Prices peak and trough—and locals are cashing in their candlesticks and carats

Shine & tarnish

After a 20-year love affair, Melanie Schaefer decided to branch out: to copper, brass, and bronze, that is. 

Silver, she says, has become too pricey for artistic monogamy.

“In the last year, the price of the metal that I use has tripled, plus some,” explains Schaefer, a jewelry maker who, until 2026, has worked almost exclusively in sterling silver. “It’s been pretty scary. I’ve had a good year of business, because I have great customers, and a nice product, and I’m grateful, but I did not raise my prices fast enough with the rise of the price of metal to profit as much as I usually do. So, I have some serious evaluation going on.”

In 2026, Schaefer’s galvanizing for change: the incorporation of different, less expensive metals—the aforementioned copper, brass, and bronze—as she fashions new earrings, pendants, and necklaces to sell. All new printed promotional materials that hint at her creations beyond silver. Taking time to hand-hew silver sheets fashioned from the scrap that litters the studio floor (everything from tiny silver filings to the trimmed corners and wire end bits she sheds as she creates), instead of buying them, to save on materials costs. 

And, inevitably, she sighs, higher prices. 

So Schaefer’s silver disc earrings that sport delicate, stamped mushrooms on a hammered pebble ground that were $48? They’ll likely cost $60 in 2026—or, possibly, more.

“The jeweler in me is freaking out a little bit, because it’s a little earth-shattering when the price of your raw materials goes up so fast, and by so much,” says Schaefer, who trained as a painter. “I’m going to have to use my creativity in new ways. It’s going to force me out of my box—probably a good thing after 20 years.”

Jewelry maker Melanie Schaefer says that, because of the rising price of metals, she’s planning to add less costly brass, copper, and bronze pieces to her line this year. Photo: Swartz Photography

Metals’ mettle

It’s a moment for precious metals.

“Gold and silver have always served as ‘safe haven’ assets,” explains Marc Santugini, a UVA economics professor. “When people worry about the dollar losing value, inflation, or general economic uncertainty, they tend to flock to precious metals as a store of value.”

Last October, gold hit $4,000 an ounce for the first time in history. Just 10 weeks later, it struck $5,000 an ounce.

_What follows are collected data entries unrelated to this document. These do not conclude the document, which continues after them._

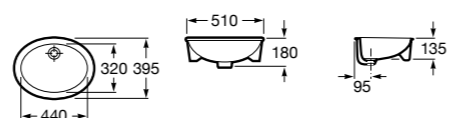

Neo Selene

322307000 Раковина керамическая врезная или встраиваемая снизу. Смеситель не входит в комплект.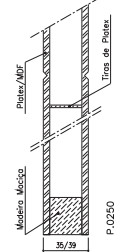

Série Cerlac

Modelo IC 930

Ref.ª 35mm

AGLOMERADO

P.0051

P.0071

PLATEX

P.0248

P.0250

ALVEOLAR

P.0249

P.0251

Ref.ª 39mm

AGLOMERADO

P.0051

P.0071

PLATEX

P.0248

P.0250

ALVEOLAR

P.0249

P.0251

Ref.ª 45mm

P.0051

P.0220

P.0227

Ref.ª 25/29mm

P.0219

P.0226

BL 1VTT

P.0052

P.0210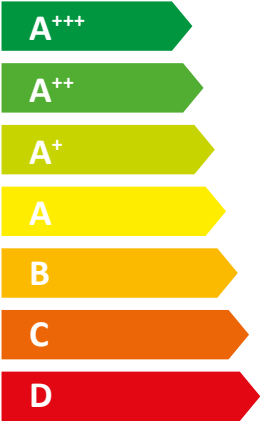

ENERG Y IJA
енергия · ενέργεια IE IA

STIEBEL ELTRON

WPE-I 59 H 400
Premium

55 °C

35 °C

A+++

A+++

43 dB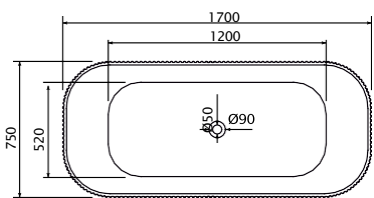

C-08-1002MW

mat bijela

Dimenzije:
1700x750x550mm

Uz kadu dolazi odgovarajući pop-up, bez sifona.

Održavanje mekom krpom i tekućim sredstvom za čišćenje, koje uklanja vodeni kamenac.

Brigitte

COPEN SAMOSTOJEĆA
KADA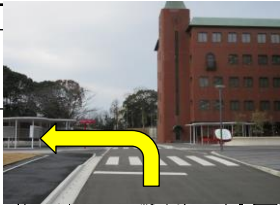

平成31年度 自由ヶ丘高等学校 一般入学試験  
試験会場案内図

九州共立大学の車両出入り口  
歩行者・車両ともに  
通行しないで下さい

①九州女子大・短大正門  
(歩行者のみ)

坂を登り切ったところを  
左に曲がります。(看板あり)

待ち合わせ  
エリア

②自由ヶ丘高校正門  
(車両のみ)

自家用車 降車

駐車場はありません。  
ご了承願います。

③自由ヶ丘高校南門

自由ヶ丘高等学校

- 徒歩の方は、①九州女子大・短大正門もしくは③自由ヶ丘高等学校南門から入ってください。  
(他の門からは出入りしないで下さい)
- **駐車場がありません**ので、公共の交通機関を利用してください。
- 送迎の車両は、②自由ヶ丘高等学校正門から入り、**図中の降車場所にて受験生を降車させてください**。  
周辺の道路で降車すると、交通の妨げとなり大変危険です。降車後は再び自由ヶ丘高等学校正門から校外へ出てください。また、出る際は渋滞の緩和を図るため、**左折にてお願いします**。
- 点呼をされる場合は、九州女子大・短大正門および自由ヶ丘高等学校正門付近は混雑します。**九州女子大学体育館(錬成館)周辺の広場**などで実施されるようにお願いします。

Silver’s movements have been even more dramatic. After a previous highs of $50 an ounce in 1980 and then again in 2011, silver retreated, fetching between $20 to $25 per ounce for years. In 2024, the average per-ounce price of silver reached $28.27. By 2025, it fetched $40 an ounce. So far in 2026, silver’s struck both a record-breaking high of $121 an ounce and its biggest single-day decline in history just a day later when it melted back to $83 an ounce.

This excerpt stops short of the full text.